Restate the data below word for word, leaving nothing out.

SUPPLIED MATERIAL:
◇ ◇ ◇

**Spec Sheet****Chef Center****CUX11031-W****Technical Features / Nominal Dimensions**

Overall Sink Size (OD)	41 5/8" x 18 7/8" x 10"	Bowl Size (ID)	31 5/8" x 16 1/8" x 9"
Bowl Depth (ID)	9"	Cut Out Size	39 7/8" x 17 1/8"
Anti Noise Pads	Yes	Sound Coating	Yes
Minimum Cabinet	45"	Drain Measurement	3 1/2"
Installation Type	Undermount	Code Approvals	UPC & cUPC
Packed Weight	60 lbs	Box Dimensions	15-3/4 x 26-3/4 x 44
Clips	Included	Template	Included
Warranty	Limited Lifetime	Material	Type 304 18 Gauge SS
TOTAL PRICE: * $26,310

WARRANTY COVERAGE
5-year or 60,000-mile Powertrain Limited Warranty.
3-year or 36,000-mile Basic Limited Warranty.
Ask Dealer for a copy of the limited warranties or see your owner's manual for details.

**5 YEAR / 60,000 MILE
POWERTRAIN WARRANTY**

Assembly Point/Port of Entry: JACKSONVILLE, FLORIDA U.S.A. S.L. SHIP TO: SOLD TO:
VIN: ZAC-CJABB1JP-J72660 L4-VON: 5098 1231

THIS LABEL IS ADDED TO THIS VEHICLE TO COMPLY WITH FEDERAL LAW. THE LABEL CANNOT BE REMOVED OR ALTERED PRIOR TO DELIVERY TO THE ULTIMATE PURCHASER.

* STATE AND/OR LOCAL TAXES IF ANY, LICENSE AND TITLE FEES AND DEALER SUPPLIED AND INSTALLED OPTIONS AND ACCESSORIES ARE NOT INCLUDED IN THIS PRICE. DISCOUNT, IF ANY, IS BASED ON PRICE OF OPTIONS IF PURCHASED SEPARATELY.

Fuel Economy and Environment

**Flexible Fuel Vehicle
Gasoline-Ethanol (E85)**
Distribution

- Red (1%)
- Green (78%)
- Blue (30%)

◇ ◇ ◇

ANSWER SECTION:
**Spec Sheet****Chef Center****CUX11031-W****Technical Features / Nominal Dimensions**

Overall Sink Size (OD)	41 5/8" x 18 7/8" x 10"	Bowl Size (ID)	31 5/8" x 16 1/8" x 9"
Bowl Depth (ID)	9"	Cut Out Size	39 7/8" x 17 1/8"
Anti Noise Pads	Yes	Sound Coating	Yes
Minimum Cabinet	45"	Drain Measurement	3 1/2"
Installation Type	Undermount	Code Approvals	UPC & cUPC
Packed Weight	60 lbs	Box Dimensions	15-3/4 x 26-3/4 x 44
Clips	Included	Template	Included
Warranty	Limited Lifetime	Material	Type 304 18 Gauge SS
TOTAL PRICE: * $26,310

WARRANTY COVERAGE
5-year or 60,000-mile Powertrain Limited Warranty.
3-year or 36,000-mile Basic Limited Warranty.
Ask Dealer for a copy of the limited warranties or see your owner's manual for details.

**5 YEAR / 60,000 MILE
POWERTRAIN WARRANTY**

Assembly Point/Port of Entry: JACKSONVILLE, FLORIDA U.S.A. S.L. SHIP TO: SOLD TO:
VIN: ZAC-CJABB1JP-J72660 L4-VON: 5098 1231

THIS LABEL IS ADDED TO THIS VEHICLE TO COMPLY WITH FEDERAL LAW. THE LABEL CANNOT BE REMOVED OR ALTERED PRIOR TO DELIVERY TO THE ULTIMATE PURCHASER.

* STATE AND/OR LOCAL TAXES IF ANY, LICENSE AND TITLE FEES AND DEALER SUPPLIED AND INSTALLED OPTIONS AND ACCESSORIES ARE NOT INCLUDED IN THIS PRICE. DISCOUNT, IF ANY, IS BASED ON PRICE OF OPTIONS IF PURCHASED SEPARATELY.

Fuel Economy and Environment

**Flexible Fuel Vehicle
Gasoline-Ethanol (E85)**
Distribution

- Red (1%)
- Green (78%)
- Blue (30%)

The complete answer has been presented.